### DATA SECTION
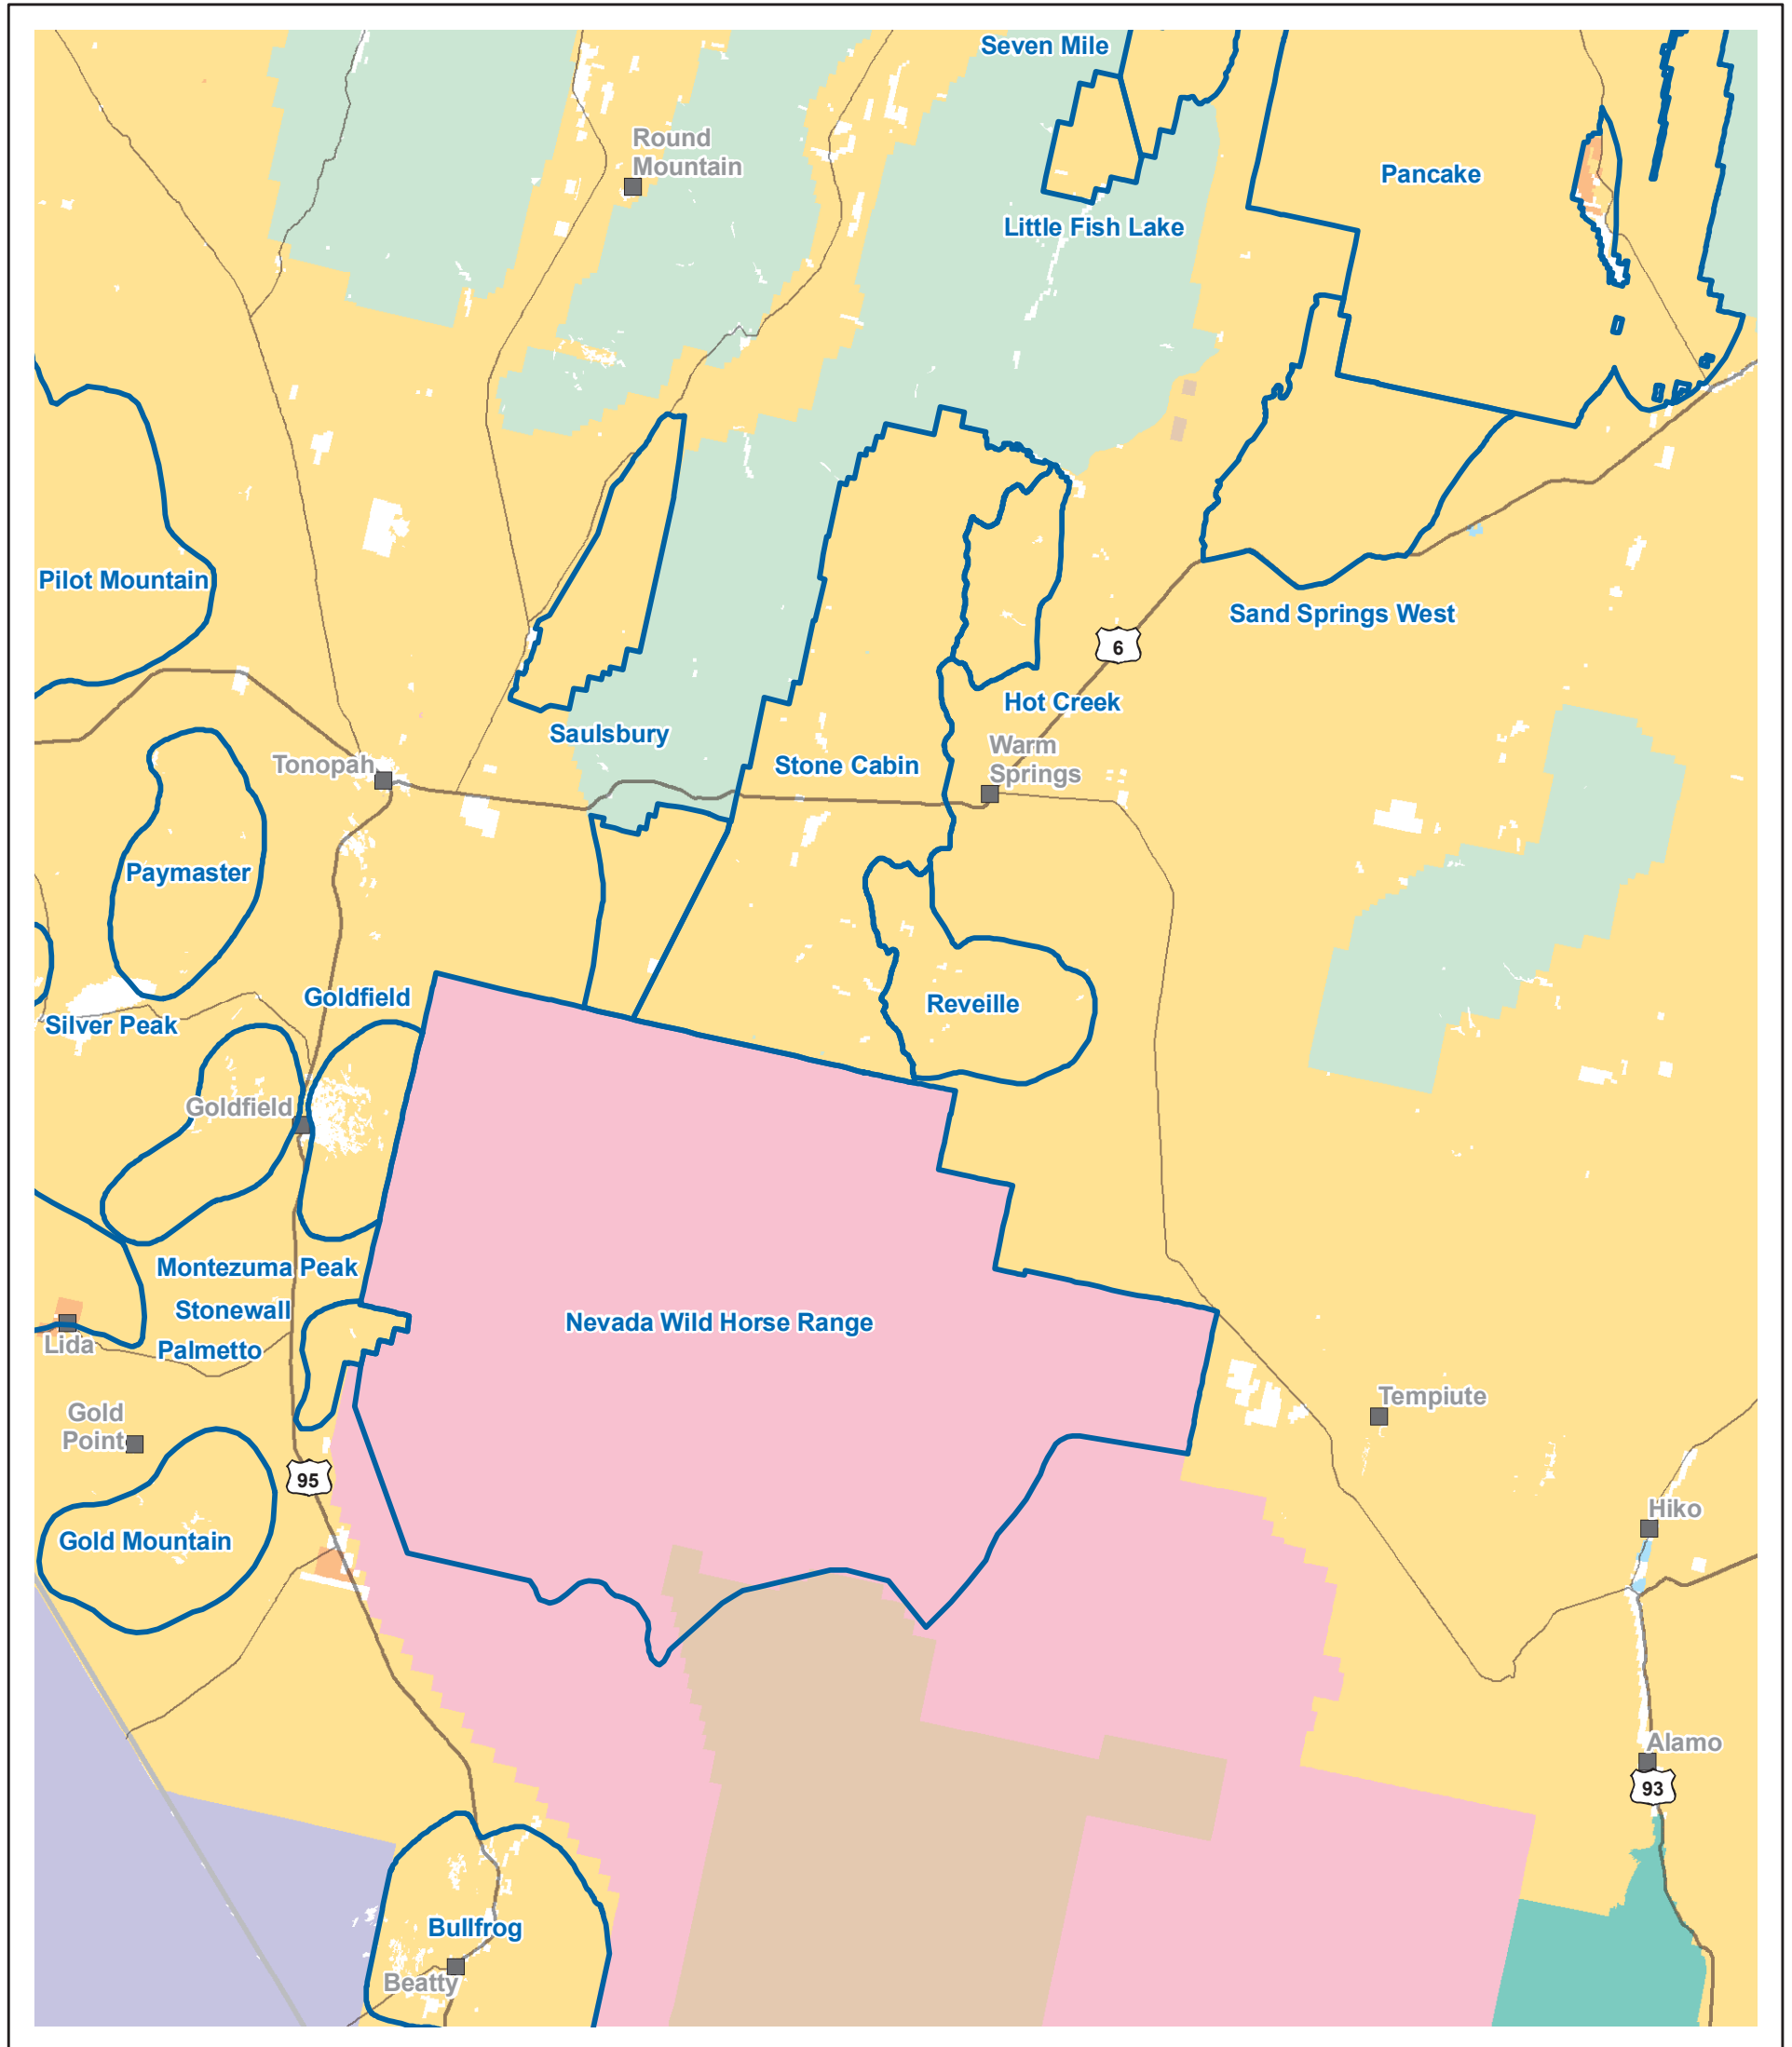

No warranty is made by the Bureau of Land Management as to the accuracy, reliability or completeness of these data for individual use or aggregate use with other data.

Herd Management Areas Nevada

NV Index Map 16

### BRIEF
Everything but the pictures is needed: copy the data above exactly.

### ANSWER
No warranty is made by the Bureau of Land Management as to the accuracy, reliability or completeness of these data for individual use or aggregate use with other data.

Herd Management Areas Nevada

NV Index Map 16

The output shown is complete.